Perception Trumps Reality When It Comes To Aging And Memory

Want to feel five years older in just five minutes? Just take a memory test.

Participants in a recent study, ages 65 to 85, said they felt an average of five years older after taking a simple memory test. Researchers at Texas A&M University gave 22 adults a brief test on their ability to recall information and their basic cognitive functioning, asking participants to write down how old they felt both before and after the test.

Before the simple test, the participants said they felt around 58.5 years old on average on a scale of zero to 120 -- almost 17 years younger than their actual average age.

After the test, however, they said they felt an average of 63.1 years old.
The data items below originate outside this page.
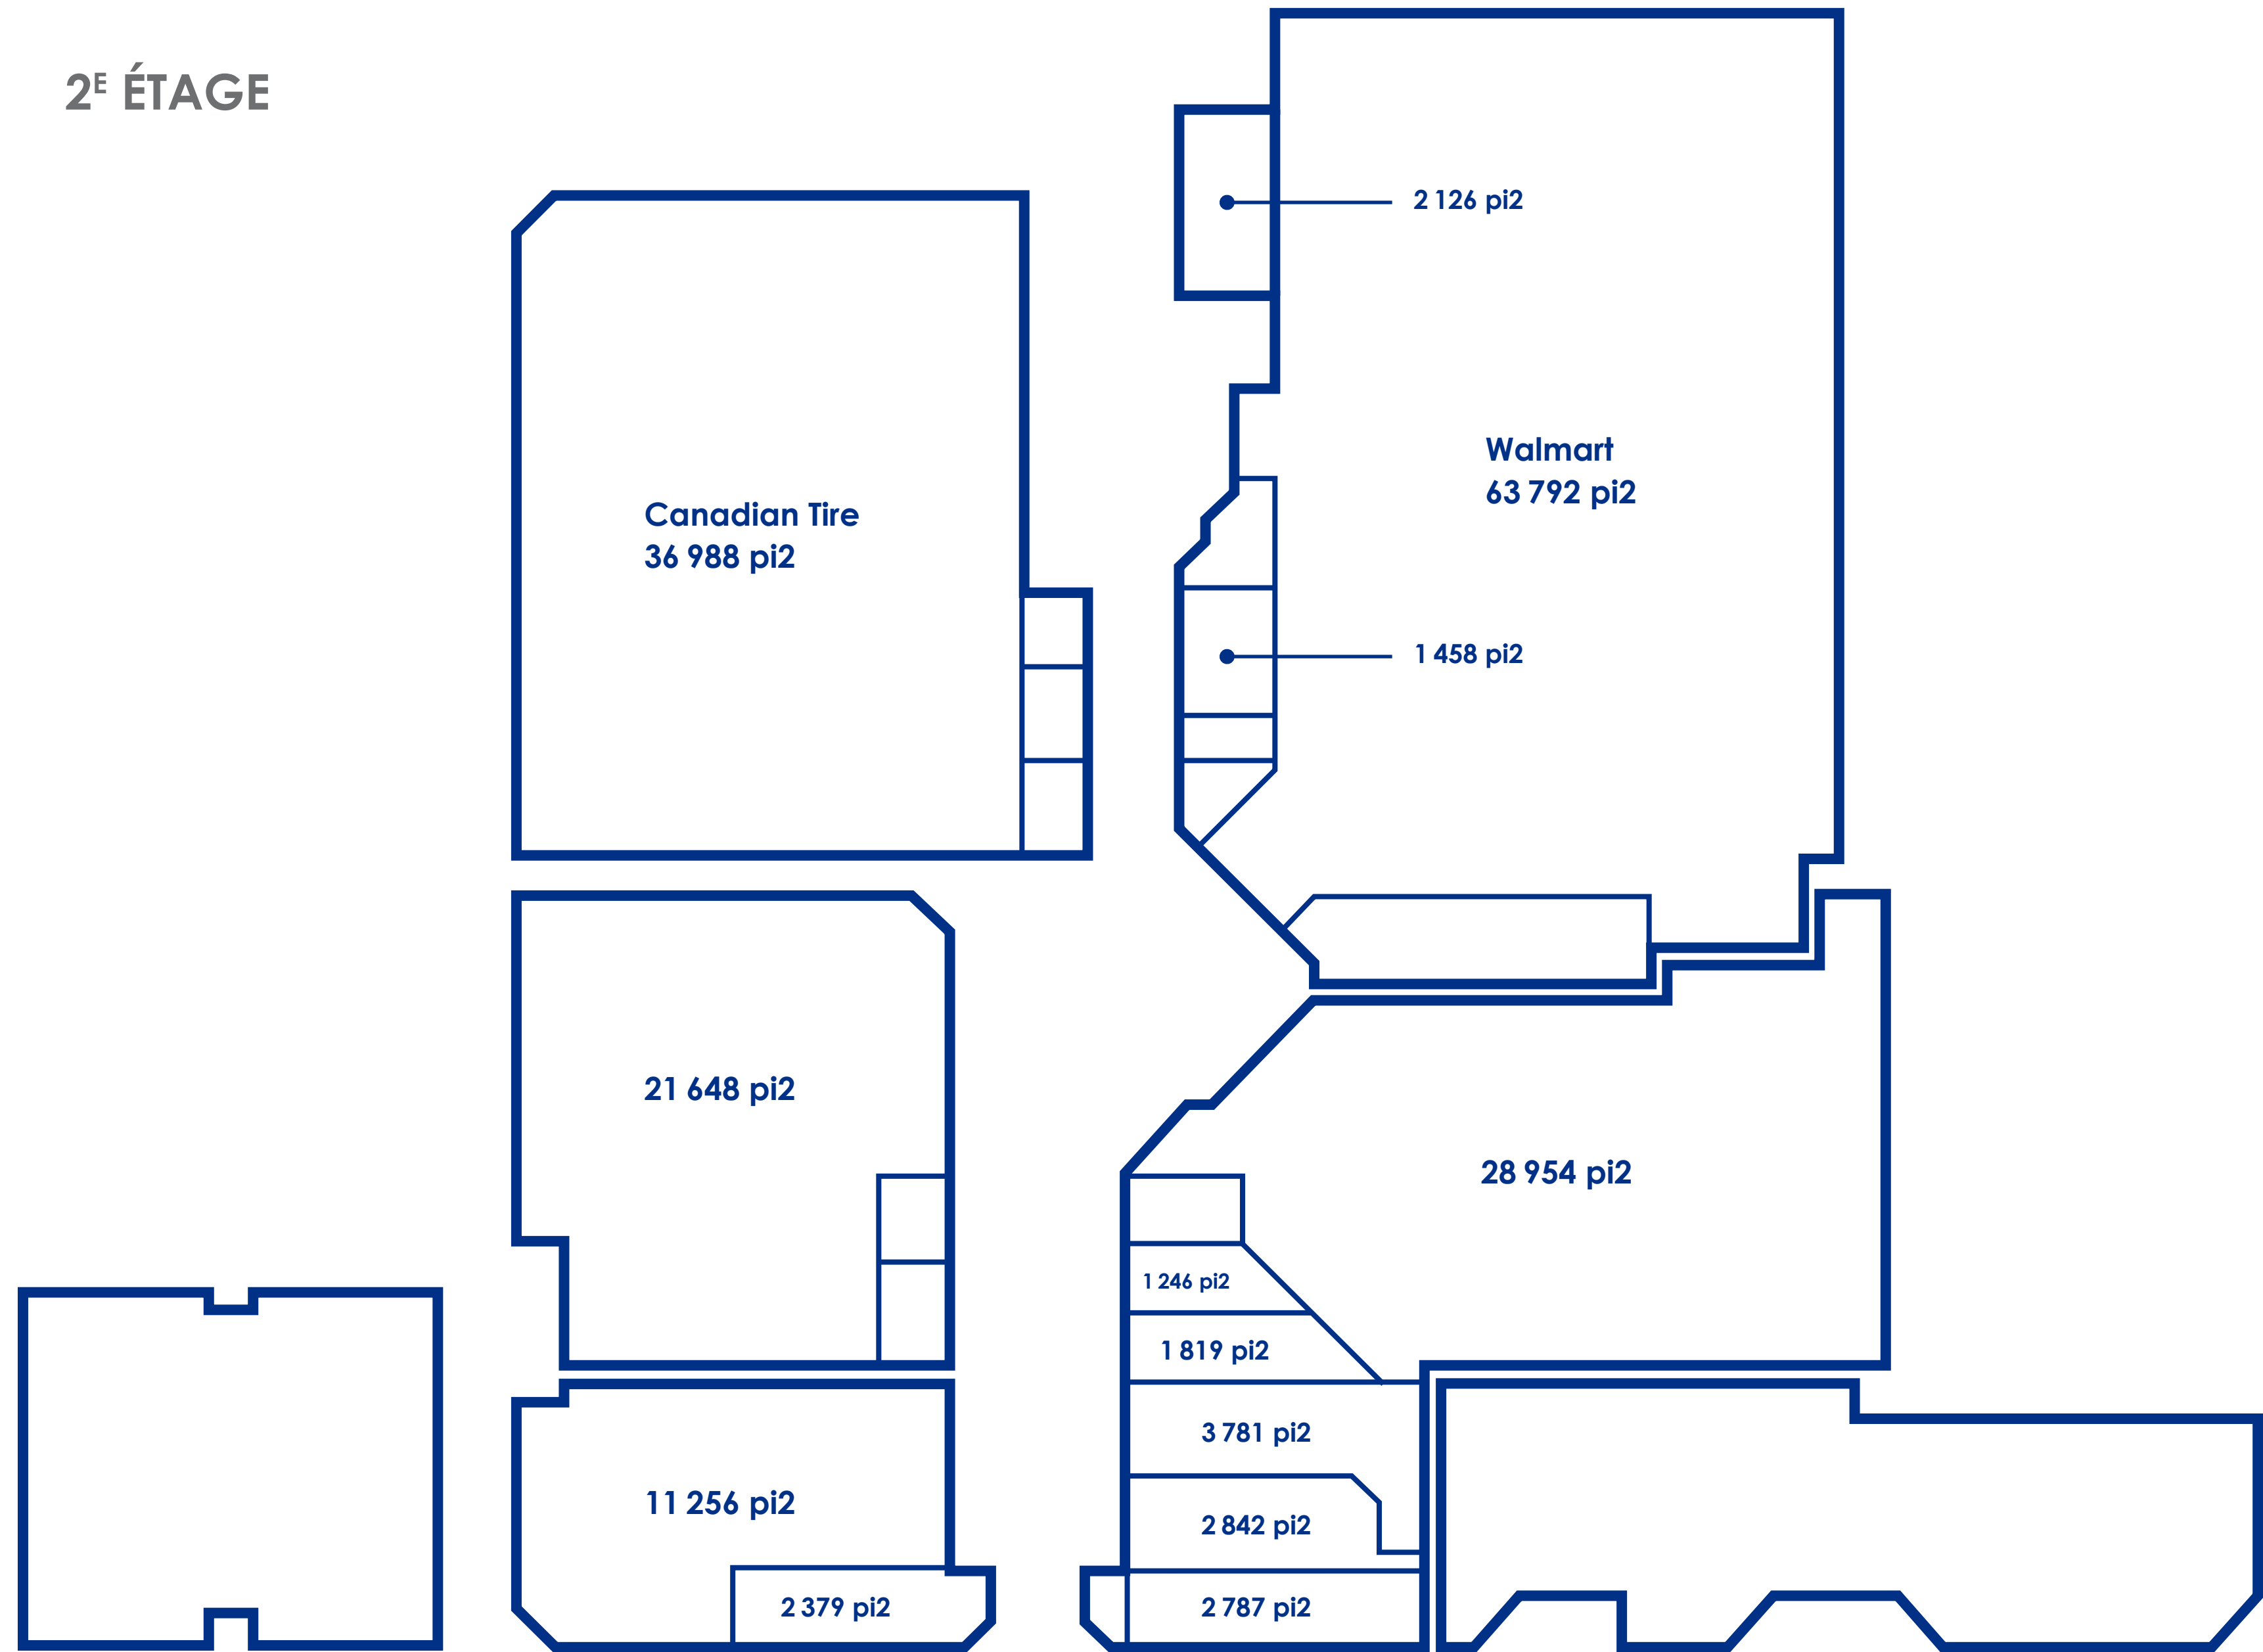

2^E ÉTAGE

TOUR DE BUREAUX

CHEMIN DE LA CÔTE-DES-NEIGES

**crofton
moore**

Plaza Côte des Neiges

6700, chemin de la Côte-des-Neiges, Montréal

23/03/17

REZ-DE-CHAUSSÉE

TOUR DE BUREAUX

CHEMIN DE LA CÔTE-DES-NEIGES

**crofton
moore**

Plaza Côte des Neiges

6700, chemin de la Côte-des-Neiges, Montréal

23/03/17
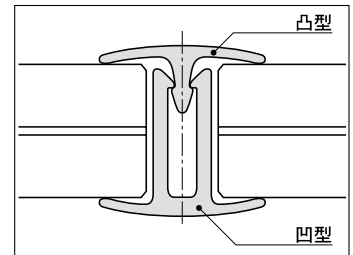

※枠にはめ込む際には、すべてプロテクターが付いています。

プロテクターの形状

ウムは各辺にプロテクターがつくため、ガラスの呼び厚さと実際の厚さが異なります。設計施工の際は下図をご参照ください。

ガラス構成	3mm + 3mm	5mm + 5mm	6mm + 6mm 5mm + 6.8mm
プロテクターの形状			

専用乾式目地材

2辺プロテクターおよび、3辺プロテクターの「ウム」の、プロテクターのないガラス辺同士を突き合わせ施工する場合、液晶層を保護するための専用乾式目地材を準備していますので、施工時には必ず使用してください。なお、専用乾式目地材の施工の際は、製品に添付の取扱説明書「ウム専用目地材の施工にあたって」をよくお読みのうえ施工してください。

■形状

接合する「ウム」のガラスエッジを、目地材の凸型と凹型の二つの部材で挟み込んで固定します。ガラスの組み合わせ別に3種類の専用乾式目地材を用意していますが、凸型は共通部材で、凹型部材で区分します。

■目地幅

目地幅は5mmです。(目地材の幅4mm+クリアランス1mm)設計時にはご注意ください。

■材質

硬質半透明塩ビ

■性能

気密性:JIS A1516「建具の気密性能試験方法」において気密性は2等級以上。
強度:ショットバック試験で目地材部に衝撃を加えた結果、ガラス破損に至るまでは、目地材の脱落は認められない。

ガラスの形状

矩形のほか、直線のみで囲まれ、凹の部分を持たないものは特注で製造できます。凹の部分あるいは曲線部分をもつものについてはご相談ください。なお、曲げ加工は製造できません。

リード線の位置および長さ

リード線は上辺中央部より長さ1m、直径2.5ミリ×2本(標準)です。リード線取り出し位置の変更を必要とする場合にはご相談ください。

※ウムの設計施工に関しては、「ウム 設計と施工の手引き」をご覧ください。 ※可動部にご使用の際は弊社までご相談ください。
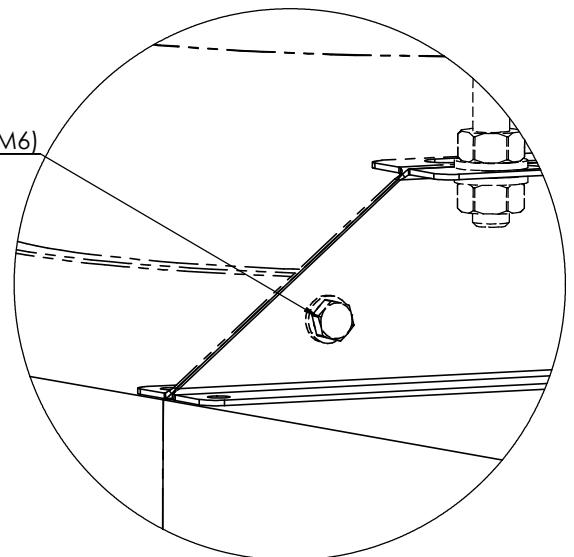

# Monteringsanvisning

Tilluftdon (TD)  
vertikal

För upphängning,  
med pendelstång  
(M10, ej inkl. tillbehör)

A  
(1 : 2)

Sammanfogning av  
flera tilluftdon med  
skruv/brickor/mutter (M6)

B  
(1 : 2)

Tovenco AB, Box 39, SE-810 40 HEDESUNDA, Sweden  
Telefon +46 (0)291-107 50 Telefax +46 (0)291-109 40 info@tovenco.se www.tovenco.se

In a matter of minutes, the participants perceived age rose nearly five years.

"Previous work shows that how old one feels -- one's subjective age -- predicts significant health outcomes, even better than one's chronological age predicts these outcomes," senior researcher Lisa Geraci said in a release. "These new results are exciting because they suggest that subjective age is malleable, and that we may be able to change subjective age and influence older adults' cognition and behavior."

Forgetfulness is no doubt a common stereotype for older people. A study at the University of Southern California tested adults ages 59-79 on the impact of aging stereotypes and found that participants were 50 percent more likely to test poorly on a memory test after reading fake news stories about memory loss in older adults.

In the Texas A&M study, the participants felt older even though their performance on the test didn't actually show any problems with their memory. In fact, perceived age didn't change for participants when they were asked to take a vocabulary test instead.

The self-fulfilling prophecy of age-related memory loss was also shown in a North Carolina State study that found older adults were more likely to perform poorly on a memory test if they believed people their age wouldn't do well.

Judging by these studies, older adults need to tune out the negativity and let perceptions of aging and memory loss go in one ear and out the other. And maybe avoid playing Go Fish.